# Research Plan

## Problem

Global ecosystems and food supply depend on insect biodiversity for key functions such as pollination and decomposition. High-resolution, accurate data on invertebrate populations and communities across scales are critical for informing conservation efforts. However, conventional data collection methodologies for invertebrates are expensive, labor intensive, and require substantial taxonomic expertise, limiting researchers, practitioners, and policymakers.

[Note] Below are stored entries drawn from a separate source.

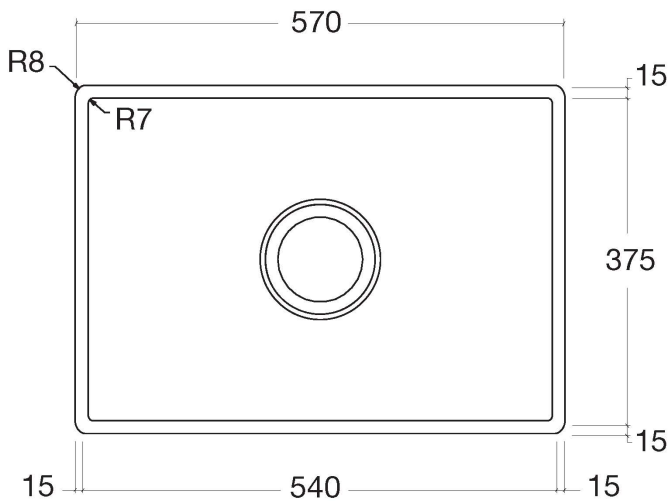

Кухня - Кухонные раковины из нержавеющей стали, сатинированные  
 одинарная мойка - нержавеющая сталь бархатная  
 Артикульный номер: 38 091 000-86

- Накладная или заподлицо
- 570 x 405 мм
- глубина умывальника 200 мм
- 3 1/2" вентиль решетчатой корзины, запирающийся
- Сливное/переливное устройство в комплекте с траверсой вентиля
- Набор для крепления
- подходит для шкафов под умывальник 800 мм
- Эксцентриковое сливное устройство не входит в объем поставки.
- Нет в наличии в США и Канаде вследствие локальных требований. Для более подробной консультации свяжитесь с нами напрямую.
- **ВНИМАНИЕ:** эти артикулы кондиционируются отдельно.

### размерный чертеж

Все величины в мм / дюймах = мм x 0,0394

Кухня - Кухонные раковины из нержавеющей стали, сатинированные  
одинарная мойка - нержавеющая сталь бархатная  
Артикульный номер: 38 091 000-86

We hypothesize that novel optical techniques show promise for automating such data collection across scales as they operate unsupervised in remote areas. The goal of this study is to determine if the measurement of an insect biodiversity metric can be automated with the use of optical near-infrared insect sensors. We aim to evaluate whether optical sensors can provide a reliable indicator of invertebrate richness that correlates with conventional assessment methods.

## Method

We will deploy autonomous near-infrared sensors alongside conventional sampling methods (Malaise traps and sweep nets) in agricultural fields across Kansas, USA. The sensors use light-emitting diodes to transmit infrared light (810 nm & 970 nm), creating a measurement volume between 5 and 70 L, depending on insect size. Insects flying in front of the sensor back-scatter light, which is recorded by a photodiode as a time signal.

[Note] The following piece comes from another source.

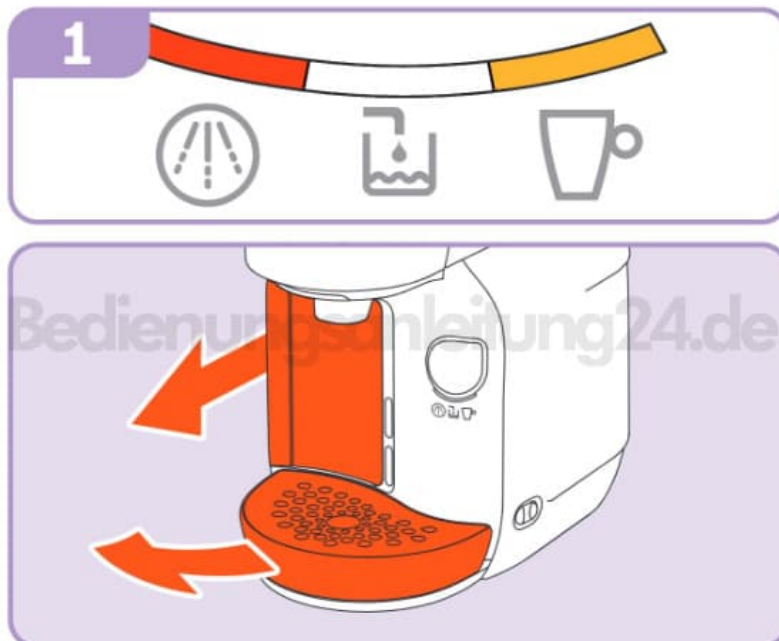

Tassimo Caddy

Tassimo Caddy entkalken

Wenn die Calc-Lampe links rot aufleuchtet, muss die Tassimo entkalkt werden.

1. Leuchtet die Calc-Lampe rot auf, ist es an der Zeit, die Tassimo zu entkalken.
Entnehme den Wasserbehälter und die Abtropfschale.

We will extract wing-beat frequency (WBF) and body-to-wing ratio (BWR) from the optical sensor data. These physical features will serve as the basis for clustering analysis, as insects of the same species exhibit similar physical properties and therefore similar signal features. We will apply the DBSCAN (Density-based spatial clustering of applications with noise) algorithm to cluster the optical data, using the number of clusters as a proxy for species richness.

For conventional methods, we will identify all collected specimens to the lowest possible taxonomic unit and calculate standard biodiversity metrics including species richness, Shannon index, and Simpson index. We will then compare the automated biodiversity metrics derived from optical sensors with those obtained from conventional methods using correlation analysis.

## Experiment Design

We will monitor insect populations at 20 sites representing agricultural crops of central Kansas, including corn, sorghum, soybean, alfalfa, pasture, and complex cover crops. Each site will be evaluated on two different occasions (June and July 2020) to capture seasonal changes.

At each site, we will place one autonomous near-infrared sensor approximately 50 m from the field margin and monitor continuously for two periods of three days in June and July. Concurrently, we will deploy Malaise traps (single bi-directional, Townes-style trap) 100 m from the margin for 24-hour periods. We will also conduct sweep net sampling at 50, 100, and 150 m from the field edge along linear transects, performing 50 sweeps per location perpendicular to the transect.

We will automatically separate insect recordings from noise using proprietary cloud-based neural network software and discard observations without clearly identified wingbeats or body-to-wing ratios. All specimens from conventional methods will be identified to species or morphospecies level, with voucher specimens maintained for verification.

We will randomly divide the data into optimization (30%) and testing (70%) sets. During optimization, we will tune DBSCAN parameters (ε and min_samples) to maximize Spearman correlation between biodiversity metrics from sensors and conventional methods using stochastic gradient descent. We will fit separate models for richness and diversity indices for each trapping method, plus a combined model for both conventional methods.

We will calculate Spearman-rank correlations between clustering results from optical sensor data and biodiversity measures from conventional sampling methods. Additionally, we will conduct Analyses of Variance (ANOVA) and TukeyHSD post hoc analyses to evaluate the impact of sampling month, crop type, and field on richness estimates.